Criterion B – The Extent of Occurrence (EOO) for this species is 28,500 km2. This value does not meet the threshold for Vulnerable (EOO < 20,000 km2). The Area of Occupancy (AOO) has not been quantified according to the guidelines (IUCN Standards and Petitions Committee 2019). Therefore, Esmeraldas Woodstar may be listed as Least Concern under Criterion B1.

Criterion C – The population size of Esmeraldas Woodstar has been estimated at c. 1,250-2,750 mature individuals (Ágreda 2020). This meets the threshold for listing as threatened under Criterion C. However, to do so a species must meet further conditions.

It is suspected that the species is undergoing a slow population decline due to habitat loss. A suspected decline, however, precludes a listing as threatened under Criterion C. Even though we have no direct information on the subpopulation structure, we can tentatively assume that no subpopulation contains more than 1,000 mature individuals. Furthermore, it is suspected that the species is undergoing a decline of 30-49% over ten years, which would equate to a decline of 16-29% over five years. Overall, the species only meets two out of three conditions and can therefore not be listed as threatened under Criterion C. Nevertheless, it may be listed as Near Threatened, approaching the threshold for listing as threatened under Criterion C1+2a(i).

Criterion D – The population size is estimated at 1,250-2,750 mature individuals (Ágreda 2020). Assuming that the true population size is closer to the lower end of the estimate, this number approaches the threshold for listing as Vulnerable. Therefore, Esmeraldas Woodstar may be considered Near Threatened, approaching the threshold for listing as threatened under Criterion D1.

Criterion E – To the best of our knowledge no quantitative analysis of extinction risk has been conducted for this species. Therefore, it cannot be assessed against this criterion.

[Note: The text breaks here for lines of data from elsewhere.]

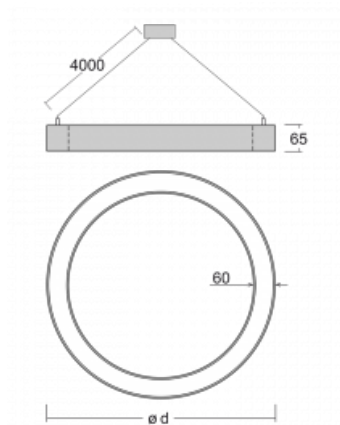

## Leuchte

# Rotao60

227-260K-10GEE/830, B +  
00-00341, B

Die runde Designleuchte Rotao60 bietet eine große Auswahl an Durchmessern, und eignet sich daher sehr gut für Gesellschafts- und Geschäftsräume. Sie können aber auch Ihr Wohnzimmer oder einen Besprechungsraum damit dekorieren. Kombiniert man die Leuchte mit einer mikroprismatischen Optik, kann ihre Leistung auch im Büro überraschen. Bei der Pendelvariante der Leuchte Rotao60 bis zu einem Durchmesser von 800 mm wird die Leuchte an Tragseilen aufgehängt, die in einem zentralen Baldachin zusammenlaufen, größere Durchmesser werden dann an senkrechten Seilen an der Decke aufgehängt.

## Technische Zeichnung

Typ der Montage	Pendelleuchten
Typ der Ausstrahlung	Direkte
Form der Leuchte	Rundleuchte
Farbe der Leuchte	Schwarz
Material	Aluminium
Lebensdauer	L80/B20 50 000 Stunden
Garantie	5 years
Beschreibung der Leuchte	Pendelleuchte
Abmessungen	ø 603 mm × 65 mm
Gewicht	3.3 kg
Lichtquelle	LED MODUL
Art der Optik	Opaler Diffusor
Lichtstrom*	2120 lm
Farbtemperatur	3000 K Warm weiss
Leuchtwirkungsgrad	93 lm/W
MacAdam Lichtquelle	3
Farbwiedergabeindex	80
UGR max. X=4H Y=8H, ρ=70,50,20	23.8

## Kurve

Leistungsaufnahme\* 22.9 W

Anschluss der Leuchte ON/OFF

Elektrische Spannung 220-240V

Frequenz 50/60Hz

⊕ CE IP 20

\*±10 %

**Zum Herunterladen**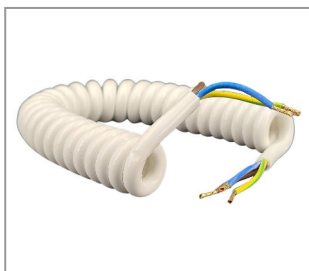

SPIRALKABEL-ZUSCHNITT 3G 0,75 AUSZIEHBARE LÄNGE 1200 MM 30/7 AE WEISS

Artikelnummer 3175-3075-1200-8424
Aderanzahl: 3 Oberfläche und Farbe: weiss
Kabelummantellg.: PVC
Durchmesser außen: 6,0mm
Kabelendbearbeitung: Aderendhülse
Leitungsart: Schlauch-Ltg.
Kabelquerschnitt: 0,75mm²
Länge: 120cm
Gewicht: 88g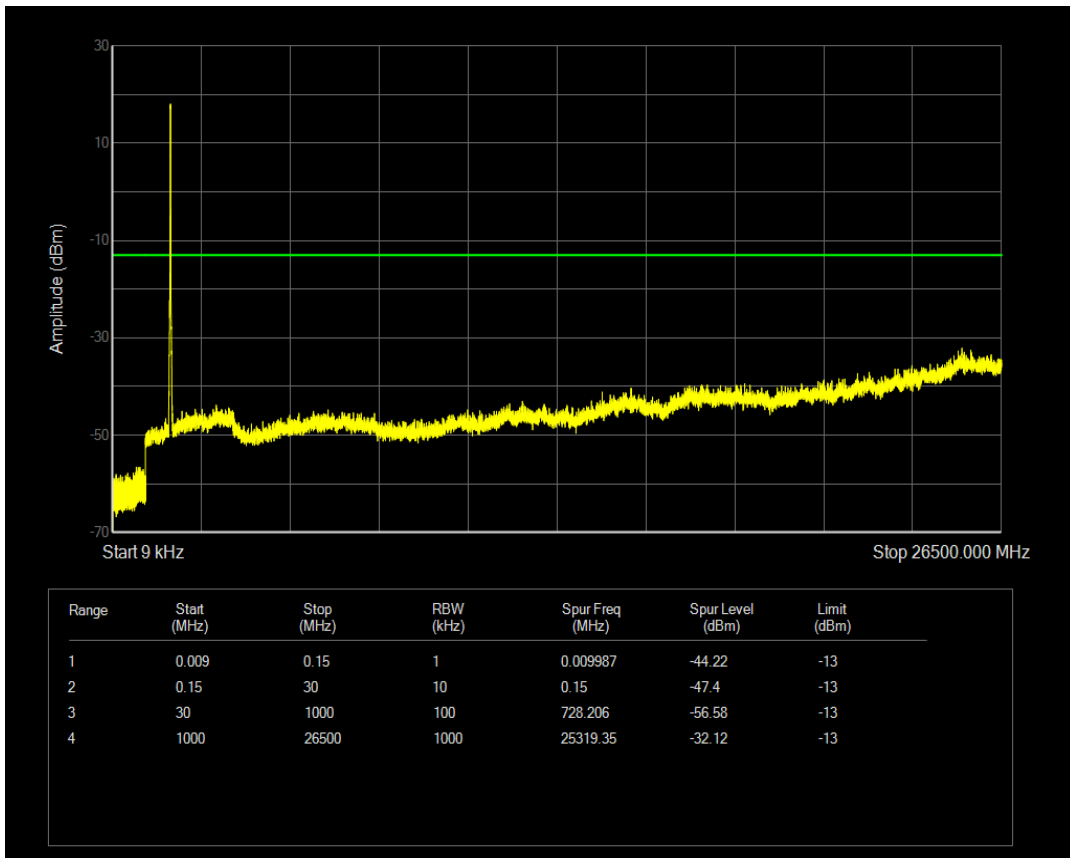

Band4 16QAM BW=20MHz Channel=20050 RB Size=100 Position=#0

Band4 QPSK BW=20MHz Channel=20175 RB Size=1 Position=#0

Band4 QPSK BW=20MHz Channel=20175 RB Size=100 Position=#0

Band4 16QAM BW=20MHz Channel=20175 RB Size=1 Position=#0

Band4 16QAM BW=20MHz Channel=20175 RB Size=100 Position=#0

Band4 QPSK BW=20MHz Channel=20300 RB Size=1 Position=#0

Band4 QPSK BW=20MHz Channel=20300 RB Size=100 Position=#0

Band4 16QAM BW=20MHz Channel=20300 RB Size=1 Position=#0

Band4 16QAM BW=20MHz Channel=20300 RB Size=100 Position=#0

Band5 QPSK BW=1.4MHz Channel=20407 RB Size=1 Position=#0

Band5 QPSK BW=1.4MHz Channel=20407 RB Size=6 Position=#0

Band5 16QAM BW=1.4MHz Channel=20407 RB Size=1 Position=#0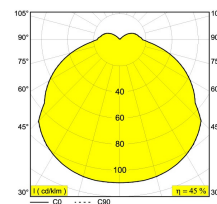

[Ссылка на сайт](#)

Доступные цвета: ЧЕРНЫЙ (232 711 83 В)

INCL.GLASS OPAL  
 INCL.LED CLUSTER 6,3W / CRI>80 / 3000K / 840lm  
 INCL.LED POWER SUPPLY 350mA-DC

Светодиодная Техника: Источник света: 840 lm // 6 W // 133 lm/W  
 Светильник: 338 lm // 7 W // 47 lm/W

Therefore, it is suggested that Esmeraldas Woodstar (Chaetocercus berlepschi) be listed as Near Threatened, approaching the threshold for listing as threatened under Criteria A2c+3c+4c; C1+2a(i); D1. We welcome any comments on the proposed listing.

Please note that this topic is not designed to be a general discussion about the ecology of the species, rather a discussion of its Red List status. Therefore, please make sure your comments are relevant to the discussion outlined in the topic. By submitting a comment, you confirm that you agree to the Comment Policy.

*Bird generation lengths are estimated using the methodology of Bird et al. (2020), as applied to parameter values updated for use in each IUCN Red List for birds reassessment cycle. Values used for the current assessment are available on request. We encourage people to contact us with additional or improved values for the following parameters; adult survival (true survival accounting for dispersal derived from an apparently stable population); mean age at first breeding; and maximum longevity (i.e. the biological maximum, hence values from captive individuals are acceptable).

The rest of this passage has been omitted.